Task directions
Take the line containing "1 hole punched with overflow" and every line after it to the end of the records, and copy them exactly, leaving out pictures.

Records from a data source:

=======

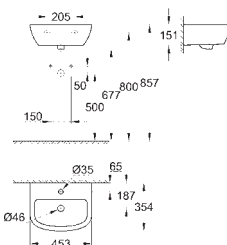

39 424 000

alpine white

35.99

Bau Ceramic Hand rinse basin 45
wall hung
1 hole punched with overflow
453 x 354 mm
vitreous china
27 pieces per pallet
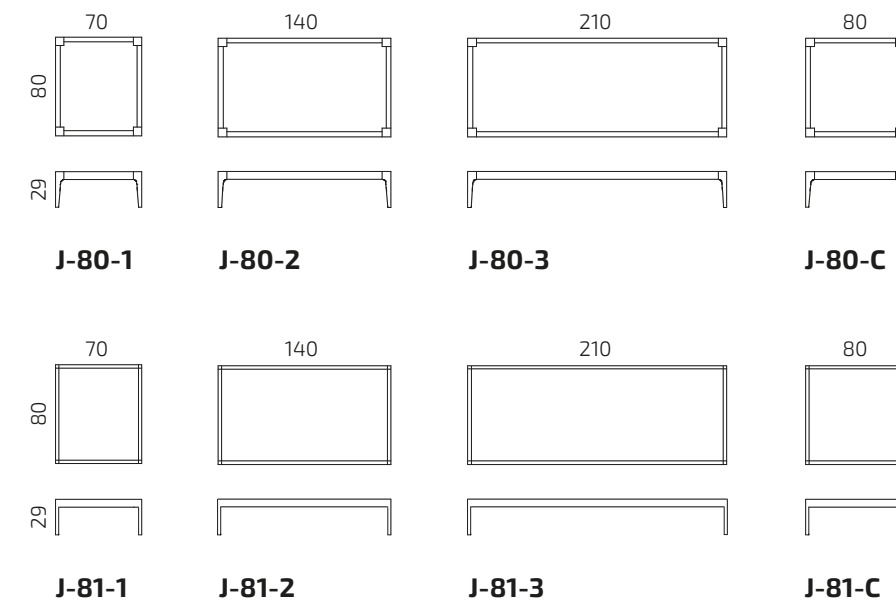

## Example combinations

## Dimensions

Seat depth: with extra pillow 48 cm; without extra pillow 61 cm

### Leg frames

All dimensions provided in centimetres.
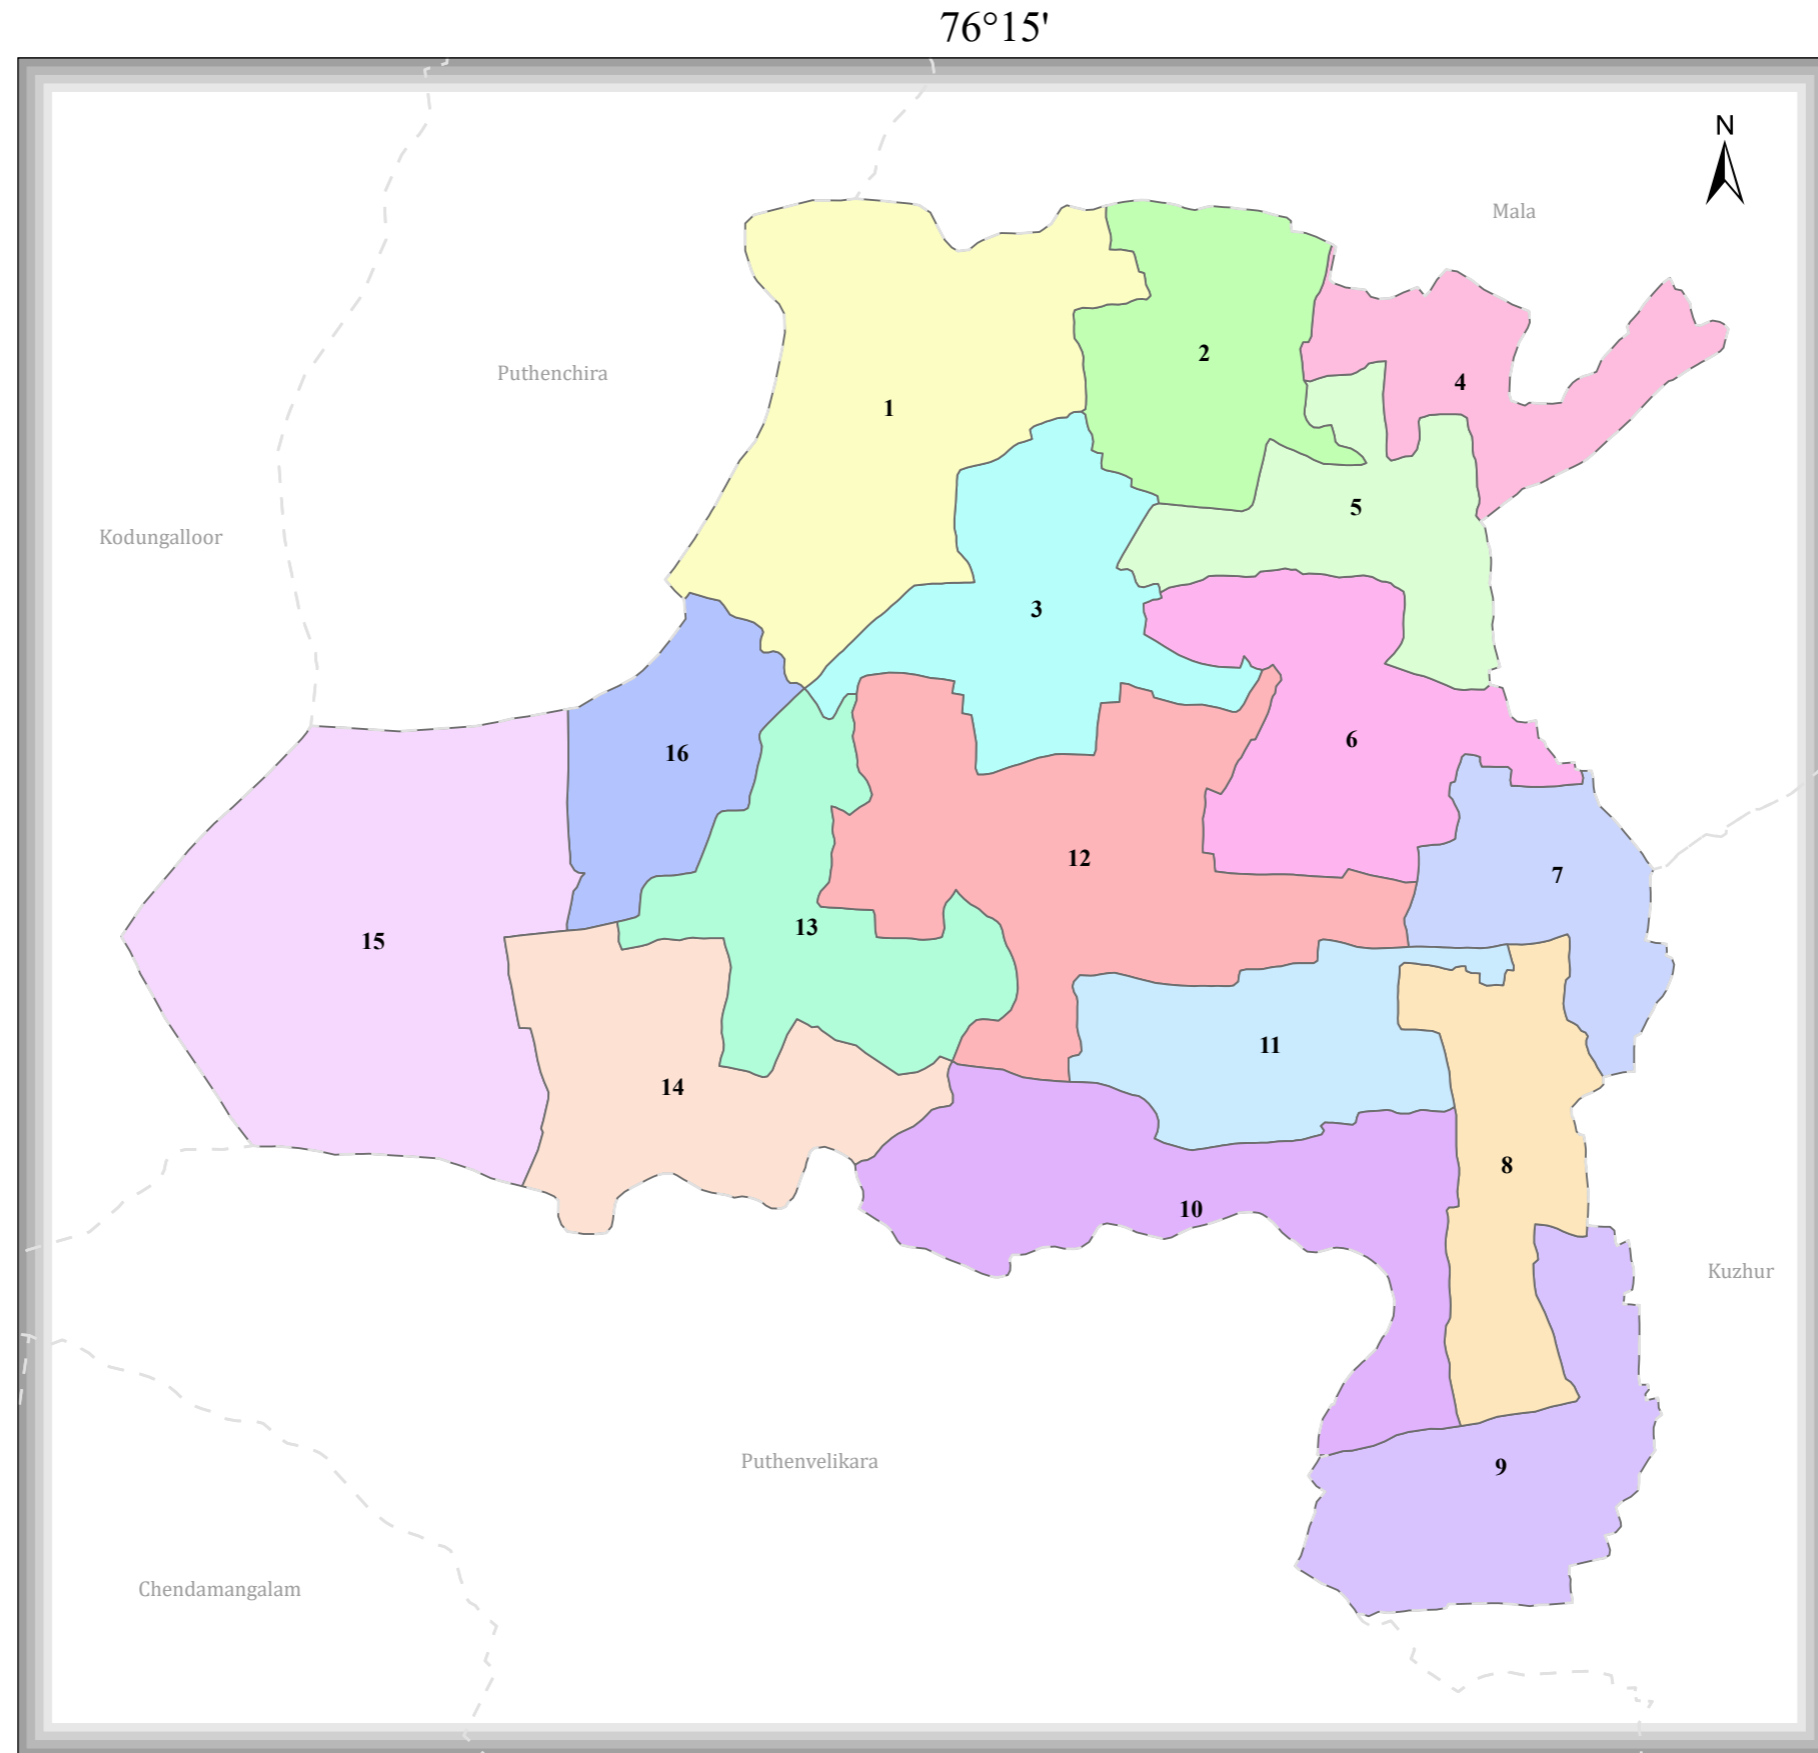

POYYA

DISTRICT NAME :THRISSUR

- WARD BOUNDARY
- WARDNAME
- 1-CHENTHURUTHY
 - 2-MALAPALLIPPURAM NORTH
 - 3-THIRUTHUMURI
 - 4-VATTAKKOTTA
 - 5-MALAPALLIPPURAM SOUTH
 - 6-POOPPATHY NORTH
 - 7-POOPPATHY EAST
 - 8-POOPPATHY SOUTH
 - 9-MADATHUMPADY
 - 10-MANALIKKAD
 - 11-ERATTAPPADY
 - 12-PULIPPARAMBU
 - 13-POYYA
 - 14-POYYA NALUVAZHY
 - 15-KRISHNANKOTTA
 - 16-ATHIKKADAVU

=======

Solution below
1 hole punched with overflow
453 x 354 mm
vitreous china
27 pieces per pallet

## Example combinations

## Dimensions

Seat depth: with extra pillow 48 cm; without extra pillow 61 cm

### Leg frames

All dimensions provided in centimetres.

POYYA

DISTRICT NAME :THRISSUR

- WARD BOUNDARY
- WARDNAME
- 1-CHENTHURUTHY
 - 2-MALAPALLIPPURAM NORTH
 - 3-THIRUTHUMURI
 - 4-VATTAKKOTTA
 - 5-MALAPALLIPPURAM SOUTH
 - 6-POOPPATHY NORTH
 - 7-POOPPATHY EAST
 - 8-POOPPATHY SOUTH
 - 9-MADATHUMPADY
 - 10-MANALIKKAD
 - 11-ERATTAPPADY
 - 12-PULIPPARAMBU
 - 13-POYYA
 - 14-POYYA NALUVAZHY
 - 15-KRISHNANKOTTA
 - 16-ATHIKKADAVU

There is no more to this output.